# Rockmans Report / Mille lacs lake



## ROCKMAN (Jun 28, 2004)

Check out the photo album for some great shots of the waterspouts on the lake on May 4th. There are some great pics.

Finally some good news on the bite. I was out all this week checking all and I mean all of my spots on the lake! The walleyes are now starting to show up on the deep gravel and the rock reefs at night. Rocky Reef gave up its bounty on Saturday night, with every one catching at least 9 fish in a hour or so. Many of them were in the 17 to 18 inch range, with some 26 ands 27 inchers mixed in. the wave wacker tournament is this Thursday and Friday. You know what that means. Many hours of fishing ahead for me this week. I will have a much better handle on what is going on by Wednesday.

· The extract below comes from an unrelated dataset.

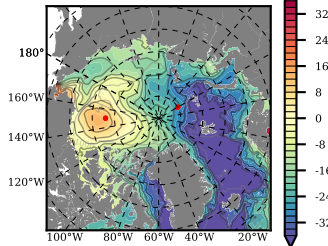

ERA01 mean FWC (m) over 1979

Mean FWC (m) from BG Obs Sys. (Proshutinsky et al. GRL2018) over year 2003-2017

Mean FWC (m) from Init State

ERA01 mean SSH anomaly

Mean DOT from Armitage et al. 2017 2003-2014

The gravel has not put out many fish as of yet, but I am sure that they will as the water temps get in the upper 60s. The temp as of Sunday was 56 degrees. I was up on the mud flats on Saturday afternoon and did see some fish. They were non-biters. I fished them for a couple hours. The best bite that I have found so far is the bobber bite on the rock piles or out on the deep gravel humps in front of the resort with a small leech and a small 1/32 oz. Jig. If you have some wind use the jigs. Otherwise if there isn't any wind, just use a plain or a colored #6 hook. Green worked with the cloud cover on Saturday. So did red. I also did some plainer boarding on Friday with #7 deep running shads. We did not get any slot fish, but we did get some nice 26 and 27 inchers out on Sloppy Joe's over 30 ft. of water running the baits down 10 to 17 ft. at 190 ft back. Not the fish I am looking for this week. I will be posting the wave wacker results on Friday night after the weigh in. Hopefully Jordy and I will win this sucker.

Be safe

We will see you

When we see you

Rock


----------